Fixing recurring name errors across a series
For names that recur (a character misheard the same way in every episode), add the correct spelling to the auto-correction rules and the Whisper prompt in GeekLink, so future episodes recognize them correctly up front. For subtitles you have already exported, use Subtitle Edit's Multiple Replace to apply a find-and-replace list across the whole file in one pass — no re-recognition needed.
Toggleable Subtitles vs.
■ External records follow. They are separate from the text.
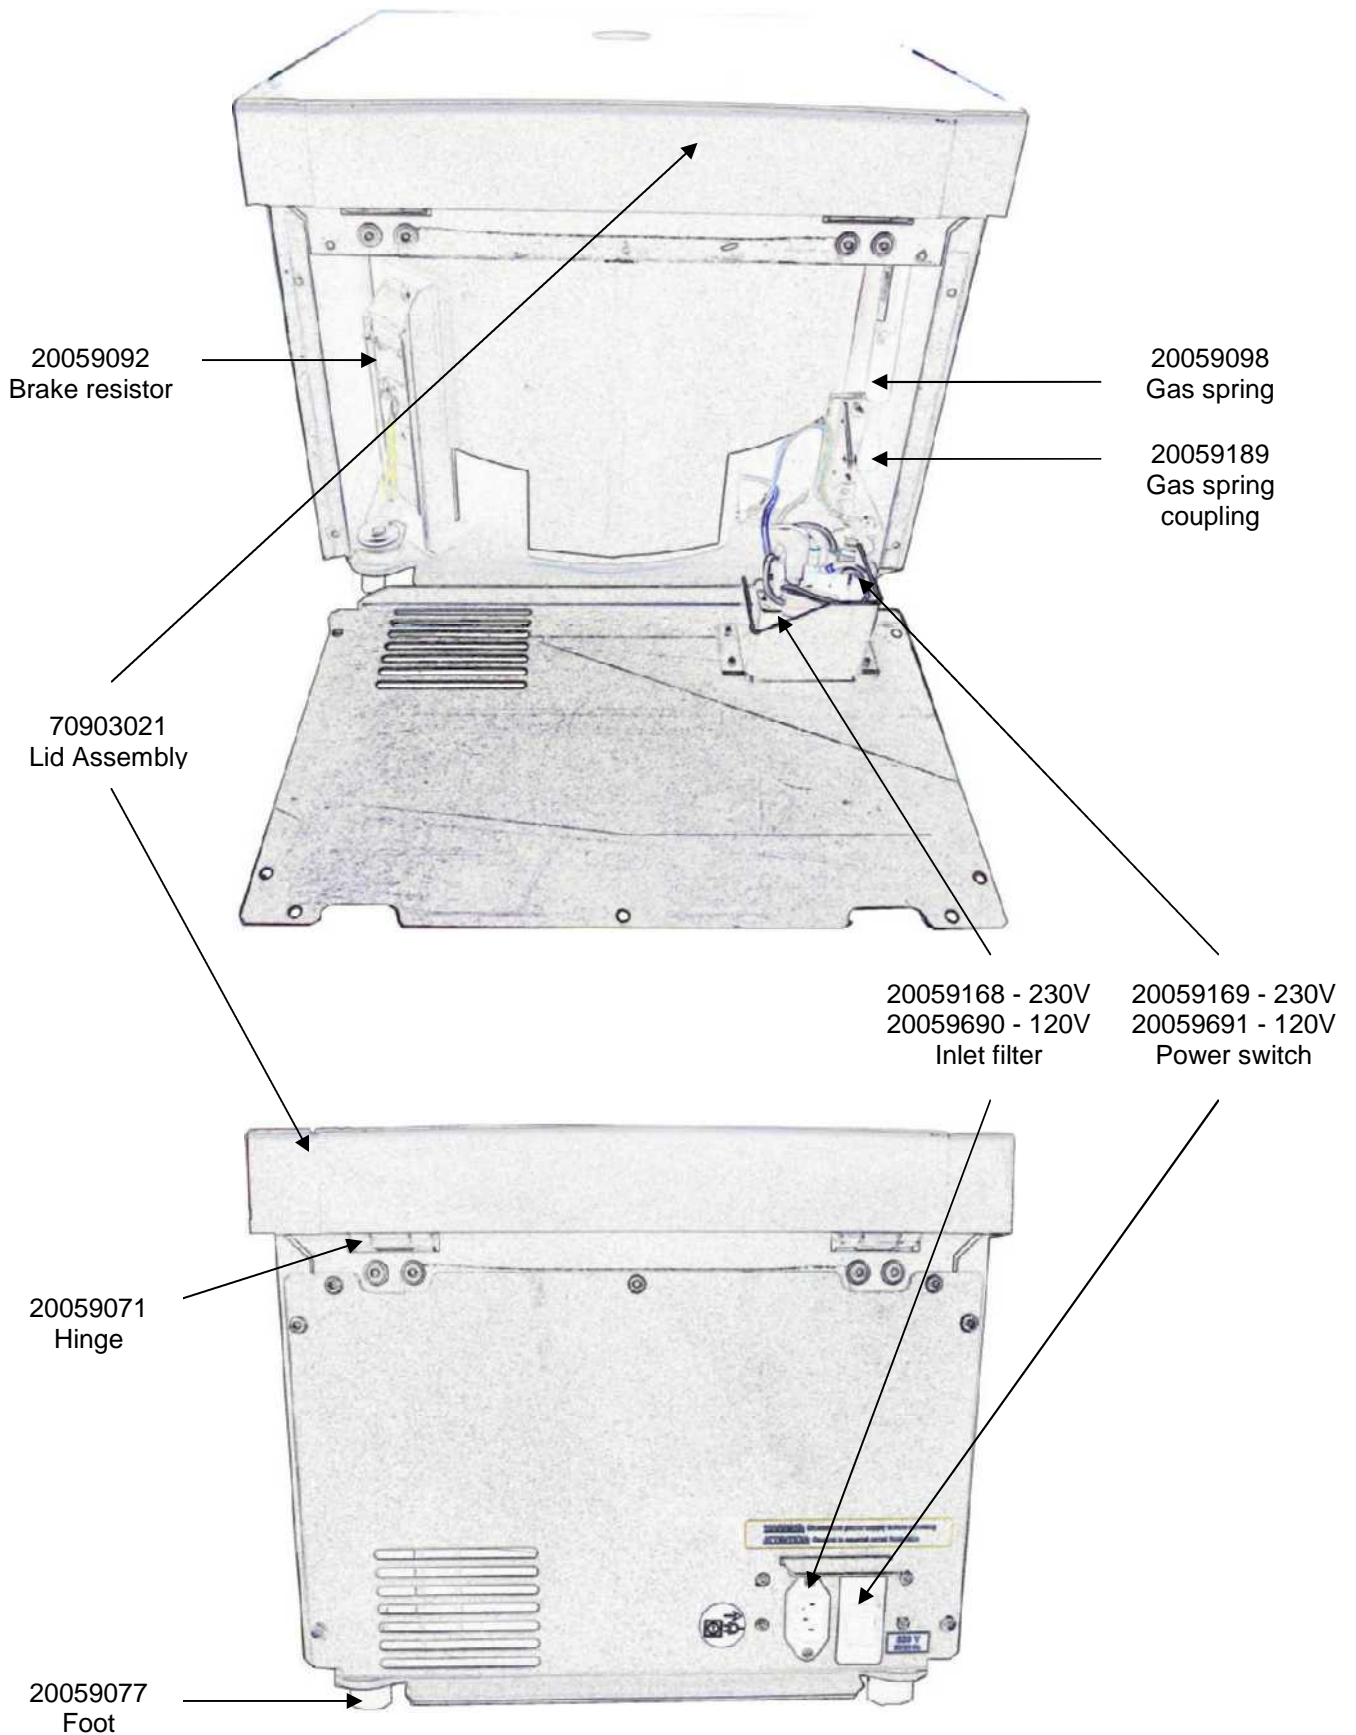

### Front panel

20059014  
Front panel

Keypad

20150316  
Display

Version	Part number
Heraeus	20059701
Sorvall	20059703
Thermo	20059705

20150285  
Keypad adaptor

20290706  
O-Ring

20480320  
Screw

20480317  
Washer

Front view

Version	Part number
230V	70904751
120V	70904753
100V	70904755

**Back view**

Top view

Version	Part number
Heraeus	20059701
Sorvall	20059703
Thermo	20059705

## Drive
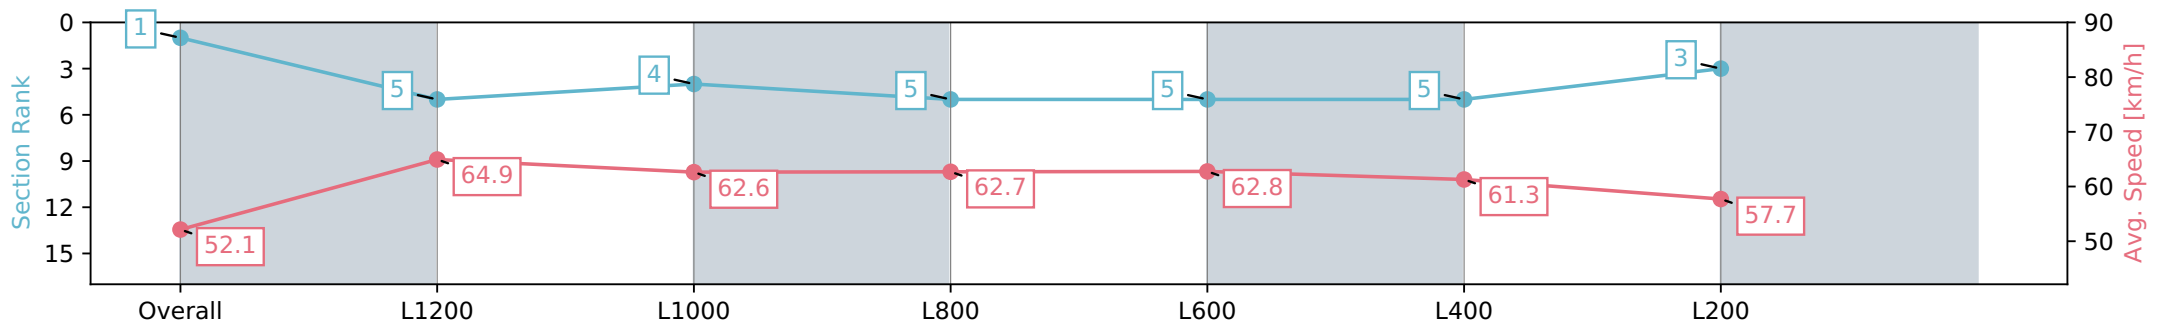

Race 4: Sportsbet Bet With Mates Class Two Handicap - 1400m

01 May 2024 - 1:51PM

Track Rating: Good 4, Weather: Fine, Rail Position: +7m Entire, +4m 1200m Chute

Section	Overall	L1200	L1000	L800	L600	L400	L200
Section Times	1:25.38 [1] (0:13.81)	1:11.57 [5] (0:11.19)	1:00.38 [4] (0:12.09)	0:48.29 [5] (0:12.07)	0:36.22 [5] (0:12.00)	0:24.22 [5] (0:11.76)	0:12.46 [3] (0:12.46)
Average Speed [km/h]	52.1	64.9	62.6	62.7	62.8	61.3	57.7
Top Speed [km/h]	64.0	66.0	64.6	63.2	63.4	63.0	59.9
Avg. Dist. to Rail [m]	10.7	9.1	10.0	10.0	10.5	13.6	12.9
Avg. Stride Freq. [Hz]	2.2	2.2	2.2	2.2	2.2	2.3	2.2
Avg. Stride Length [m]	6.4	8.0	7.9	7.9	7.9	7.5	7.3
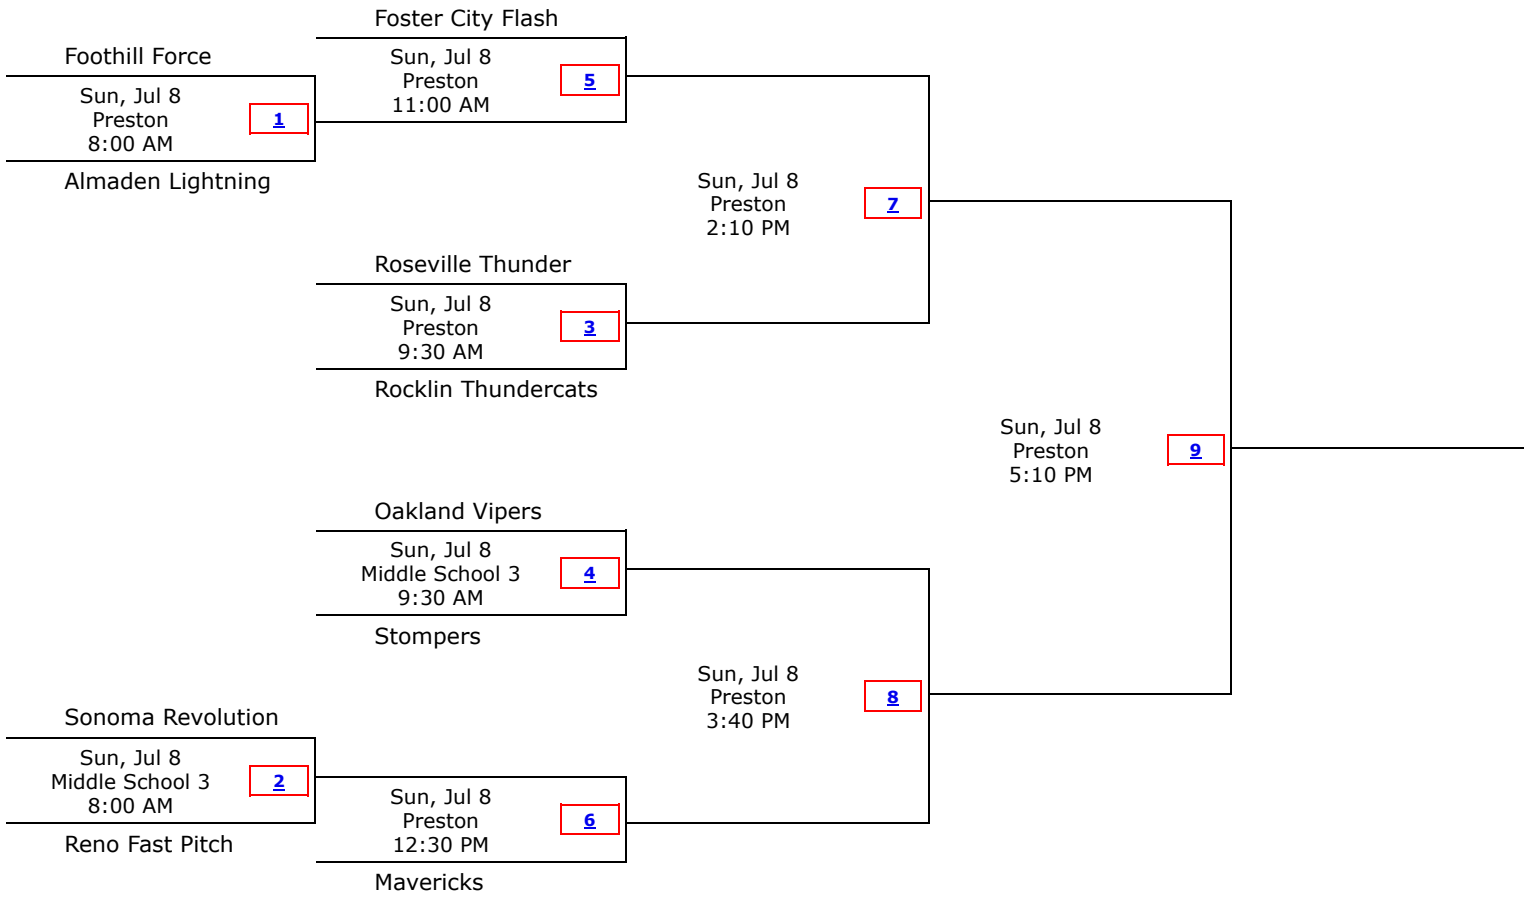

Incline July 07-08 14U
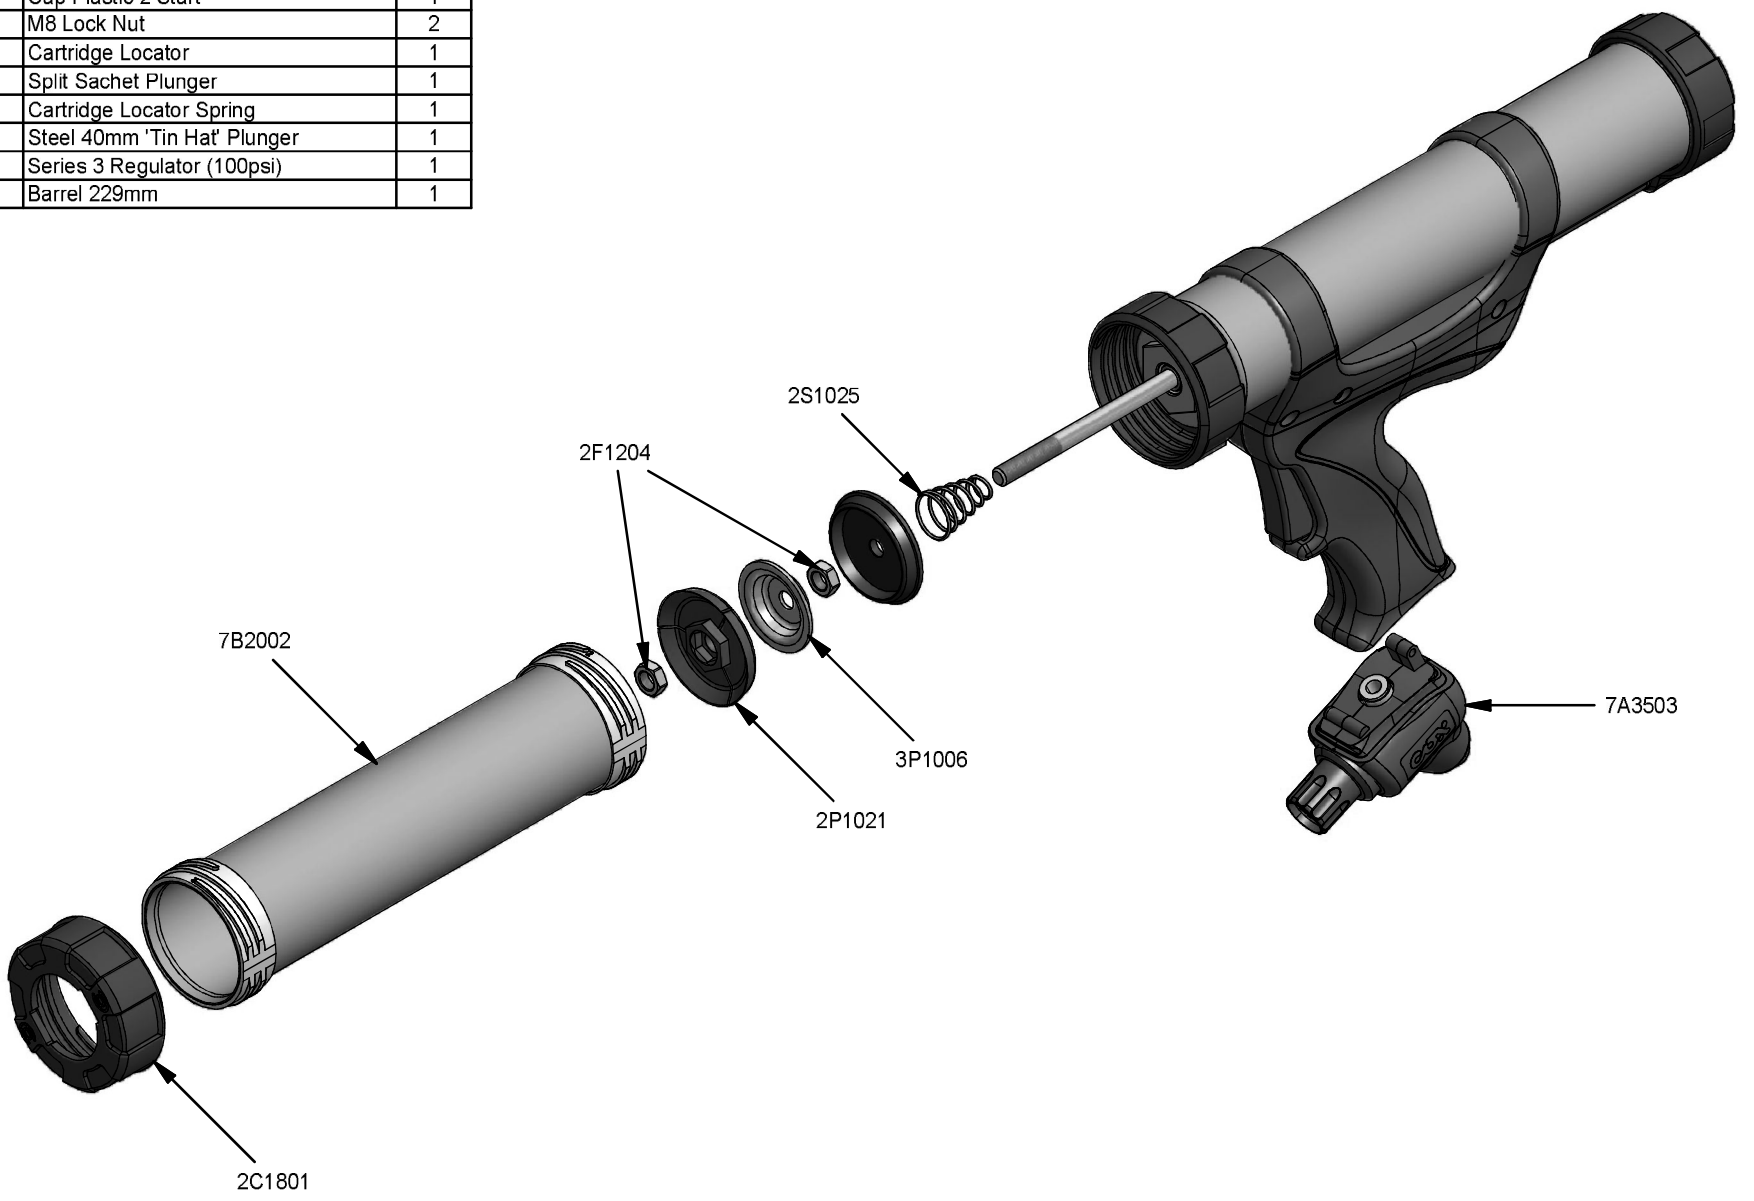

Parts List		
STOCK No	DESCRIPTION	QTY
2C1801	Cap Plastic 2 Start	1
2F1204	M8 Lock Nut	2
2M1086	Cartridge Locator	1
2P1021	Split Sachet Plunger	1
2S1025	Cartridge Locator Spring	1
3P1006	Steel 40mm 'Tin Hat' Plunger	1
7A3503	Series 3 Regulator (100psi)	1
7B2002	Barrel 229mm	1

Airflow 3 Combi 310

SULZER

REV	DATE
D	28/03/2017
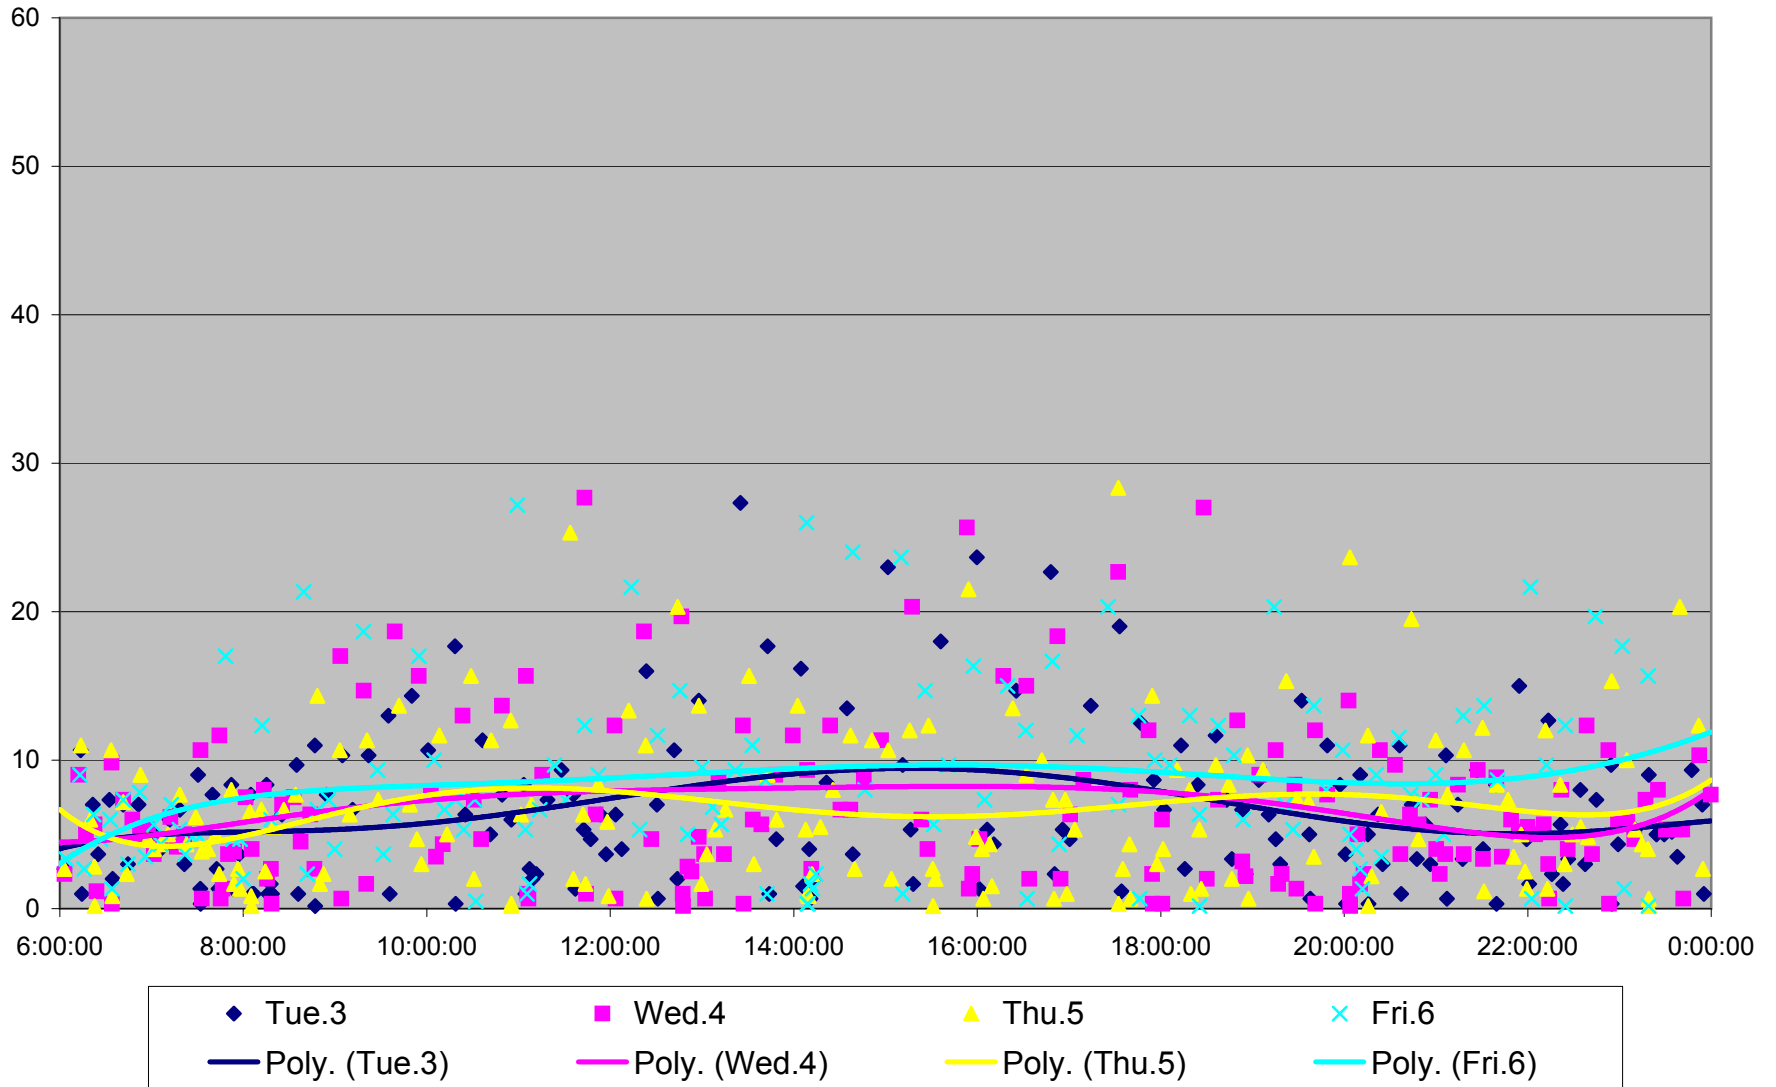

501 Queen Headways at Queensway Humber Eastbound September 2013

Burned-in Subtitles
Each video subtitle export method has its own use cases:
| Toggleable Subtitles | Burned-in Subtitles | |
|---|---|---|
| Subtitle Visibility | Viewers can toggle subtitles on/off in the player | Subtitles become part of the video frame; visible in any player |
| Impact on Video | Subtitles do not affect the video image | Subtitles are permanently overlaid on the video |
| Export Speed | Fast | Slower |
| Best For | Uploading to YouTube and other platforms | Social media sharing, scenarios requiring guaranteed subtitle visibility |
Export Status
During export, a progress bar and percentage are displayed. You can minimize the export window and continue editing.
Non-Pro Export
When exporting without Pro activation, subtitle files will contain watermark text and promotional text. With Pro activated, exports are clean of these additions.